Data provided
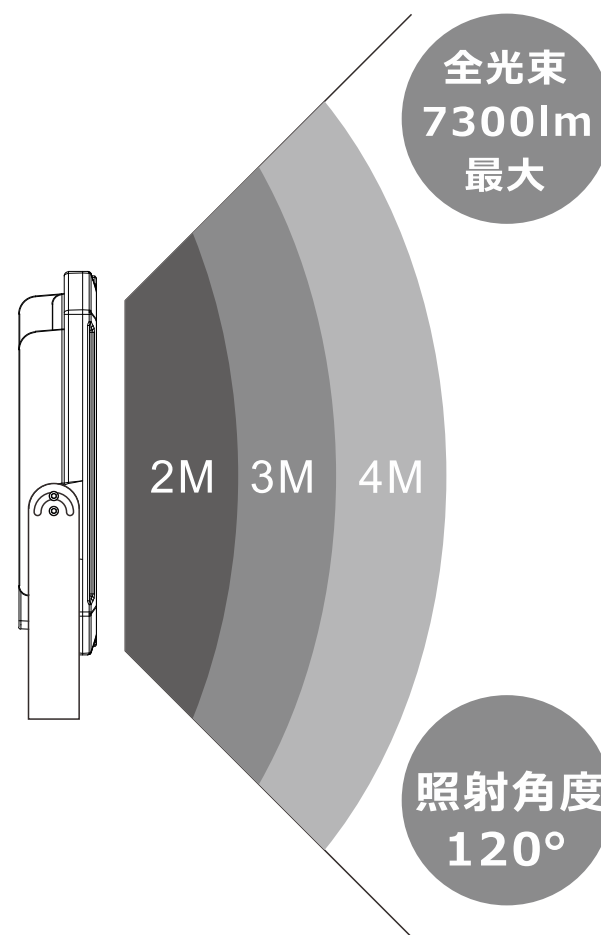

LED超薄型投光器

LD50W-ZB

LD50W-DQ

距離	中心照度
2m	580.92LUX
3m	258.18LUX
4m	145.23LUX
5m	92.95LUX

記号	名称			型式		
図名		図番		尺度	用紙	A4
設計		製図	承認	GOODGOODS [®] 昭輝照明 SYOKI [®] 株式会社 グッド・グッツ 株式会社 昭輝照明 LED照明の開発・製造・販売 ☎ 072-447-8536 昌 072-447-8537 www.goodgoods.co.jp www.goodtoku.com

What you will do
Exactly reproduce each record, leaving out any pictures.

Task result
LED超薄型投光器

LD50W-ZB

LD50W-DQ

距離	中心照度
2m	580.92LUX
3m	258.18LUX
4m	145.23LUX
5m	92.95LUX

記号	名称			型式		
図名		図番		尺度	用紙	A4
設計		製図	承認	GOODGOODS [®] 昭輝照明 SYOKI [®] 株式会社 グッド・グッツ 株式会社 昭輝照明 LED照明の開発・製造・販売 ☎ 072-447-8536 昌 072-447-8537 www.goodgoods.co.jp www.goodtoku.com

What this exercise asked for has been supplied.